Even though law and order has not been sufficiently secured in either
Afghanistan or Iraq, Mr. Rumsfeld is already busy demanding another
regime change, this time in Iran. It would take at least two more years
before Iran's nuclear energy facilities could produce a nuclear weapon,
and there is no proof that the Khatami government wants to do that.
Rumsfeld's charge that Iran hides members of al Qaeda is also unproven.
We know that Iran's Shiite regime thoroughly disliked the radical Sunni
regime of the Taliban. We also know that members of al Qaeda were arrested
in Iran. If Mr. Rumsfeld knows more, he ought to prove it. Even if his
charges were fully justified, threatening Iran with regime change serves
no useful purpose. Talking with the Iranian leaders about America's
concerns about the spread of nuclear weapons and al-Qaeda fugitives
would be the civilized way of airing our grievances.
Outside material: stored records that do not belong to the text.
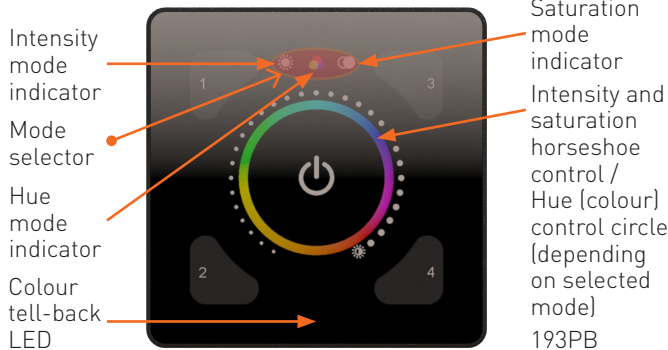

Key Features

- Standalone controller and user interface
- Networkable on DIGIDIM or Imagine router systems
- Minimal setup / Out-of-box operation
- Capable of creating, storing and recalling four lighting scenes
- Intuitive touch selection of operation mode, intensity, colour temperature and RGB colour (depending on the model)
- Fully DALI-compatible
- Hidden 'cleaning' button
- Available in a variety of front fascias for different controls
- Glass and plastic front fascia finishes
- App control via SceneSet mobile app (iOS and Android)
- Designed to fit UK, DIN and similar back boxes

Common controls (all panels)

191PB

Colour temperature panels (192xx)2xx)

192PB

Colour panels (193xx)

193PB

Dimensions (mm)

Technical Data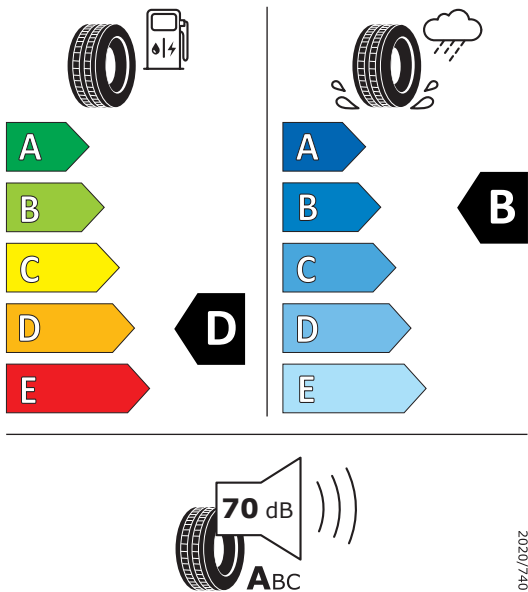

## Product Information Sheet Delegated Regulation (EU) 2020/740

Supplier name	PIRELLI
Commercial name	PZERO
Tyre type identifier	27879
Tyre size designation	255/35ZR20
Load-capacity index	97
Speed category symbol	(Y)
Fuel efficiency class	D
Wet grip class	B
External rolling noise class	A
External rolling noise value	70 dB
Severe snow tyre	No
Ice tyre	No
Date of start of production	09/17
Date of end of production	-
Load version	XL
Additional information	

PIRELLI 27877

285/30ZR20 (99Y) XL C1

## Product Information Sheet Delegated Regulation (EU) 2020/740

Supplier name	PIRELLI
Commercial name	PZERO
Tyre type identifier	27877
Tyre size designation	285/30ZR20
Load-capacity index	99
Speed category symbol	(Y)
Fuel efficiency class	D
Wet grip class	B
External rolling noise class	A
External rolling noise value	70 dB
Severe snow tyre	No
Ice tyre	No
Date of start of production	09/17
Date of end of production	-
Load version	XL
Additional information	

Information according to Regulation (EU) 2020/740:

Actual fuel savings and road safety depend heavily on the behaviour of drivers. Eco-driving can significantly reduce fuel consumption. Tyre pressure needs to be regularly checked to optimise fuel efficiency and wet grip. Stopping distances must always be respected.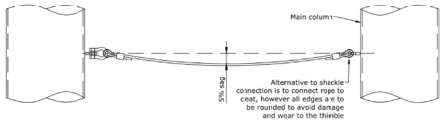

# MAGIC TREE

[www.hps-playco.at](http://www.hps-playco.at)

... wir bewegen Kinder!

**HPS PLAY COMPANY**

3D VIEW OF THE ENTRANCE

ELEVATION OF NEW PLATFORM WIRE ROPE CONNECTIONS TO COLUMNS  
Scale 1:10

NET CLIMB DETAILS

## KEY FACTS

Body height: 100 cm min.  
 Body weight: 130 kg max.  
 Age group: from 4 years onwards  
 Footprint: 105 sqm  
 Height: 11 m  
 Capacity: 60 guests  
 Operators: 2 persons

Net Maze

Faceted Tree Structure

Spiral Climb

Slide Entrance & Web Deck

The Magic Tree is designed to be a unique, central Net Climbing and Slide Attraction set up characterized by the following features: Non belayed climbing adventure along with a collective, self-contained Net System where the users emerge into the custom tree structure and towards the slide. A complex set up of net climbing tunnels, adventure bridges and obstacles.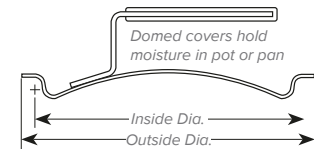

Wear-Ever® Covers for Aluminum Cookware

- 14-gauge 3004 aluminum
- Welded Torogard™ dipped handle — stays cool to the touch, is heat resistant up to 180°F (82°C), and is equipped with antimicrobial protection
- Easy-grasp handle design for safety and hanging convenience
- Flat covers: Height with handle: 1½" (4.1 cm)
- Domed covers: Deep satin finish

FLAT COVERS	OUTSIDE DIA: IN (CM)	INSIDE DIA: IN (CM)	HEIGHT W/ HANDLE: IN (CM)	DOMED COVERS	OUTSIDE DIA: IN (CM)	INSIDE DIA: IN (CM)	HEIGHT W/ HANDLE IN (CM)	CASE LOT
67311	6⅝ (16.8)	6⅞ (15.4)	1⅝ (4.1)	67411	6⅝ (16.8)	5⅞ (14.9)	2⅞ (5.2)	1
67327	7⅞ (20)	7⅞ (18.1)	1⅝ (4.1)	67427	7⅞ (20)	7⅞ (18.1)	2⅞ (5.2)	1
67312	8⅞ (21.1)	7⅞ (20)	1⅝ (4.1)	67412	8⅞ (21.3)	7½ (19.1)	2⅞ (5.4)	1
67313	9⅞ (23.3)	8⅞ (22.3)	1⅝ (4.1)	67413	9⅞ (23.8)	8½ (21.6)	2⅞ (5.4)	1
67314	9⅞ (24.9)	9⅞ (23.6)	1⅝ (4.1)	67424	10 (25.4)	8¾ (22.2)	2⅞ (5.6)	1
67315	10½ (26.7)	9⅞ (25)	1⅝ (4.1)	—	—	—	—	1
67509	10¾ (27.3)	10⅞ (25.7)	1⅝ (4.1)	67409	10¾ (27.3)	9¾ (24.8)	2¼ (5.7)	1
67317	11⅞ (28.4)	10⅞ (27.1)	1⅝ (4.1)	67417	11⅞ (28.9)	10½ (26.7)	2⅞ (5.6)	1
67318	12 (30.5)	11⅞ (29.1)	1⅝ (4.1)	—	—	—	—	1
67320	12¾ (31.4)	11⅞ (30.1)	1⅝ (4.1)	—	—	—	—	1
67521	12¾ (32.4)	12⅞ (30.7)	1⅝ (4.1)	67421	12⅞ (32.7)	11¼ (29.8)	2⅞ (5.8)	1
67533	13⅞ (34.4)	13⅞ (33.3)	1⅝ (4.1)	67433	13⅞ (34.4)	13⅞ (33.3)	2⅞ (5.8)	1
67541	14⅞ (37.8)	14⅞ (36)	1⅝ (4.1)	67441	14⅞ (37.8)	14⅞ (36)	2⅞ (6.2)	1
67561	17⅞ (43.5)	16¼ (41.3)	1⅝ (4.1)	67461	17⅞ (43.5)	16¼ (41.3)	2⅞ (6.2)	1
67581	18⅞ (47.9)	18⅞ (46.1)	1⅝ (4.1)	—	—	—	—	1
67691	20⅞ (53)	20⅞ (51.2)	1⅝ (4.1)	67491	20⅞ (53)	20⅞ (51.2)	2⅞ (6.5)	1

Replacement Handles

- Silicone insulating sleeve
- Oven safe to 450°F (232°C) continuously or 600°F (316°C) intermittently

COOL HANDLE® REPLACEMENTS

ITEM #	DESCRIPTION	LENGTH: IN (CM)	CASE LOT
3009	Cool Handle® I	6⅝ (16.8)	12
3010	Cool Handle® II	4½ (11.4)	12
3011	Cool Handle® III	4 (10.2)	12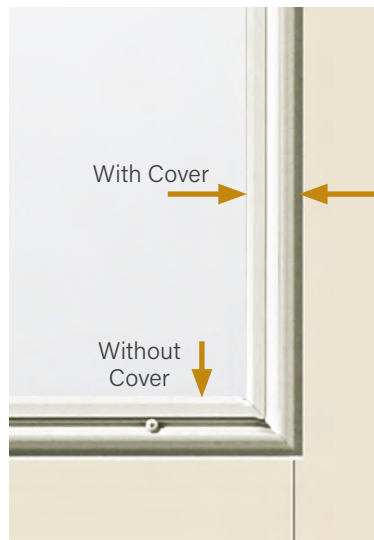

Doors

Feature a built-in 24-gauge steel plate.

Lip-Lite Frame

Features durable, paintable aluminum construction. An attractive scrolled profile gives a thin, sleek appearance and a screw channel cover helps hide unsightly screws.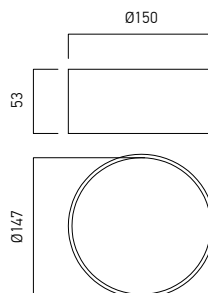

RX03

FINISHING AVAILABLE

MWH

IP40

Code	Finishing	LED type	Power	Input voltage	Driver	LED Flux	System Flux	CCT	CRI	Optics	Weight
RX03WW MWH	MWH	SMD 2835 SAN'AN	18W	220-240V AC	Included	2040 lm	1458 lm	3000K	80	120°	0.50 kg
RX03NW MWH	MWH	SMD 2835 SAN'AN	18W	220-240V AC	Included	2230 lm	1531 lm	4000K	80	120°	0.50 kg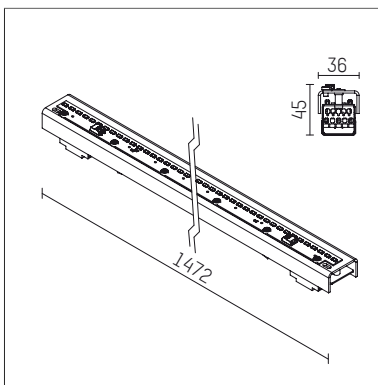

107 817 04 000 D

form.h44 | LED DALI
light unit
LED | 23 W 4000 K

- light unit form.h44 LED DALI
- for form h.44 profiles
- suitable for forming continuous strip lighting systems
- with LED 3550 lm
- colour temperature: 4000 K
- colour rendering index: CRI >90
- L70 / B50 (50.000h)
- SDCM < 3
- net luminous flux: 3050 lm
- total load: 23 W
- luminous efficacy: 132,6 lm/W
- symmetrical light distribution, wide flood
- with built in LED power unit, electronic (DALI)
- amplitude dimming
- dimming range: 100-1 %
- power supply: push-wire terminal 2x7x1,5 mm²
- suitable for through wiring
- mounting of sheet steel
- length: 1472 mm
- weight: 1,4 kg
- protection rating: IP20
- protection class I
- 5 years Hoffmeister warranty
- Made in Germany
- certificates: manufactured according to DIN VDE 0711 / EN 60598, CE
- 107 817 04 000 D

Secretary of State Colin Powell recently showed Mr. Rumsfeld how diplomats
deal with conflicts between countries. Powell personally went to Syria,
Russia, Germany, France, and Saudi Arabia to demonstrate America's willingness
to negotiate differences and improve bilateral relations. Regrettably,
the President did not authorize him to ask those countries to share
the heavy burden of America's involvement in the Middle East. America's
taxpayers certainly would welcome more third-party contributions.